## Supplied information:
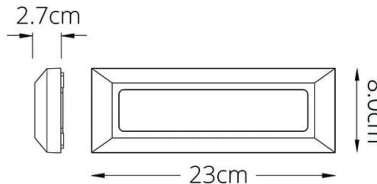

Diámetro | Diameter

--

ALTURA (A.)

Altura | Height

8,00cm

COMPRIMENTO (C.)

Longitud | Length

23,00cm

LARGURA (L.)

Ancho | Width

2,70cm

PESO

Peso | Weight

0,220kg

*MEDIDAS MERAMENTE INDICATIVAS, POR FAVOR CONFIRME AS MEDIDAS COM O ARTIGO NA SUA POSSE ANTES DE PROCEDER AO FURO
Las medidas son solo indicativas, confirme las medidas con el artículo en su posesión antes de perforar | Measurements are indicative only, please confirm the measurements with the item in your possession before drilling

## Brief:
Output the material word for word, omitting its pictures.

## Answer below:
Diámetro | Diameter

--

ALTURA (A.)

Altura | Height

8,00cm

COMPRIMENTO (C.)

Longitud | Length

23,00cm

LARGURA (L.)

Ancho | Width

2,70cm

PESO

Peso | Weight

0,220kg

*MEDIDAS MERAMENTE INDICATIVAS, POR FAVOR CONFIRME AS MEDIDAS COM O ARTIGO NA SUA POSSE ANTES DE PROCEDER AO FURO
Las medidas son solo indicativas, confirme las medidas con el artículo en su posesión antes de perforar | Measurements are indicative only, please confirm the measurements with the item in your possession before drilling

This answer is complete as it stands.